More recent observations, however, show that antelope use the park each summer by way of the Desert Creek drainage. A disappearing snowpack in this part of the park usually makes June and July the best times to see them, though other times of the year should not be discounted. In recent years several individuals have even been spotted near Roundtop, along Crater Lake's northeast rim. They appear to be part of a herd which migrates from the Fort Rock area, some 70 miles northeast of the park. When they are present, the pronghorn seem to prefer the forested habitat between Pumice Desert and the park's east boundary instead of more open areas. This may be due to the pronghorn's characteristically slow natural return to former range, even when hunting has been restricted for more than 80 years. Upon their return to former range, researchers have noticed the pronghorn's inclination to take up forested habitat more often associated with mule deer. These areas can offer sanctuary for antelope, though they may be somewhat different from the open places so characteristic of where they roam.

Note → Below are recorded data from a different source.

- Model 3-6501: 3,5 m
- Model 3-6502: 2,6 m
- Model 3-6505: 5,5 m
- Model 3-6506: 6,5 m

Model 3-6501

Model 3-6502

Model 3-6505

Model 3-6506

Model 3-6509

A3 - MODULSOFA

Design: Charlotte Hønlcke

What makes pronghorn reappearance at Crater Lake interesting is that it seems to be part of a general reclamation of their range after being absent in many places for most of the past century. Even in the flat and open country of the Klamath Basin, where sightings had not been recorded since 1886, antelope have reappeared. Several weeks after an acquaintance of mine noticed a herd of 20 pronghorn in an open field ten miles south of Klamath Falls, I came across a single antelope on highway 62 near Klamath Agency. This occurred in December 1994, when a foot of snow sat along the roadside. Since antelope do not hurdle perceived barriers, it started running along the highway's fog line. By the time we reached a road intersection (which resulted in the antelope heading west toward Agency Lake while I continued southward), we were traveling almost 50 mph. There are few things more impressive than antelope in full flight, but speed alone is not responsible for their apparent recovery in this part of Oregon. Restrictions on hunting, accompanied by state and federal agencies managing for pronghorn throughout eastern Oregon, have brought about this success story.

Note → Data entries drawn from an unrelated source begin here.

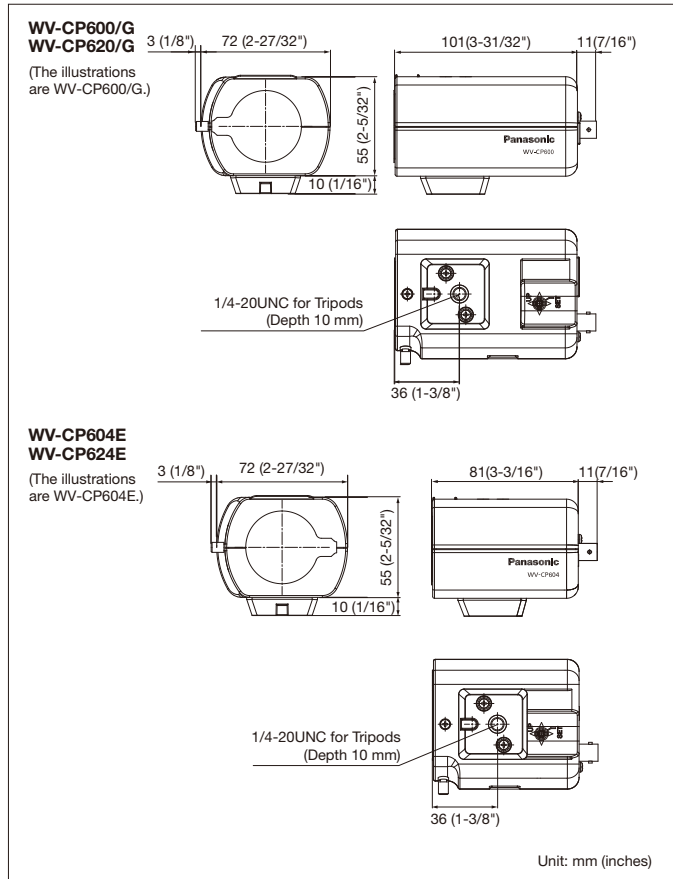

Appearance

Important

- Safety Precaution: carefully read the operating instructions and installation manual before using this product.
- "Super Dynamic", "SDII", "SDIII", "SD5", "SD5Link", "SD6", "i-PRO" and "i-PRO SmartHD" logos are trademarks or registered trademarks of Panasonic Corporation.

- All TV pictures are simulated.
- Weights and dimensions are approximate.
- Specifications are subject to change without notice.
- These products may be subject to export control regulations.
- All product pictures are PAL models.

DISTRIBUTED BY:

Panasonic®

<http://panasonic.net/security/>

Printed in Japan (2A-097A)

Like the antelope, deer and elk populations within the park appear to be viable, meaning that they are capable of continuing to perpetuate themselves in this habitat. High elevation and winter conditions, however, make the park a refuge for only part of the year. These animals are dependent on management practices outside park boundaries to sustain them, whether this means protection from poaching or controlled hunting for herd reduction so that starvation is averted.
Steve Mark is the park historian at Crater Lake. He has been editor of Nature Notes since its revival in 1992.